Exercise materials:
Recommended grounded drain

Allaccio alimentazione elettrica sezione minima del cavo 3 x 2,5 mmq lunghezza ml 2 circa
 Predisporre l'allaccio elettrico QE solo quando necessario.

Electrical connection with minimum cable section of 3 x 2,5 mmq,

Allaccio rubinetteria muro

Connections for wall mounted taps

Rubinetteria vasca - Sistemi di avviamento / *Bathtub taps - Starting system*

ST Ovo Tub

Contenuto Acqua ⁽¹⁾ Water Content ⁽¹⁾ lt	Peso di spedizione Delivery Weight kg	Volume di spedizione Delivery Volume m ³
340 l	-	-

...

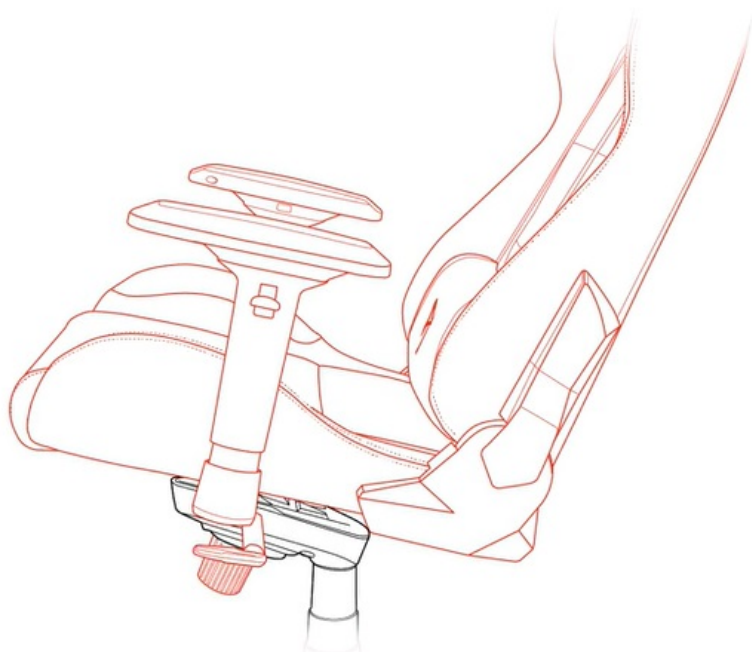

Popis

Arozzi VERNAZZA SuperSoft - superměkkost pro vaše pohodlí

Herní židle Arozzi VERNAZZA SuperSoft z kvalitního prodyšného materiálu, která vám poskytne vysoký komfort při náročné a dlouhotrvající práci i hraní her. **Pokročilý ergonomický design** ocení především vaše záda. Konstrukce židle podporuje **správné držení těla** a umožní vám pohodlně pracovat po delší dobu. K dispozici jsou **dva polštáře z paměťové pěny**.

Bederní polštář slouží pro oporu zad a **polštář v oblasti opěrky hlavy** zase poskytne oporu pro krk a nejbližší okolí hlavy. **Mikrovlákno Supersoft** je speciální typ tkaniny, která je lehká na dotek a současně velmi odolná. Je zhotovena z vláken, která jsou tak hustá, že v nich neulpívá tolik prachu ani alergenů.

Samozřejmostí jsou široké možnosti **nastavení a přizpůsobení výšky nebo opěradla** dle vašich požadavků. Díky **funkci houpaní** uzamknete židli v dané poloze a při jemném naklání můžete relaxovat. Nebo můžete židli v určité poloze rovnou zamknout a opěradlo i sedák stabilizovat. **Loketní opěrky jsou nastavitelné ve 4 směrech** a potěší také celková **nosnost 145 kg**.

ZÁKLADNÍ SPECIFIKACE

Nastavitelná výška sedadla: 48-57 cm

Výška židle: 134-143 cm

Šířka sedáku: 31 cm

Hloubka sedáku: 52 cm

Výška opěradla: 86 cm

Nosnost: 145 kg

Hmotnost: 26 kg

Task details: Extract the lines of the preceding material that run from the line with "Nastavitelná výška sedadla: 48-57 cm" through the line with "Hmotnost: 26 kg", inclusive, reproducing them exactly and adding nothing.

Expected answer:
Nastavitelná výška sedadla: 48-57 cm

Výška židle: 134-143 cm

Šířka sedáku: 31 cm

Hloubka sedáku: 52 cm

Výška opěradla: 86 cm

Nosnost: 145 kg

Hmotnost: 26 kg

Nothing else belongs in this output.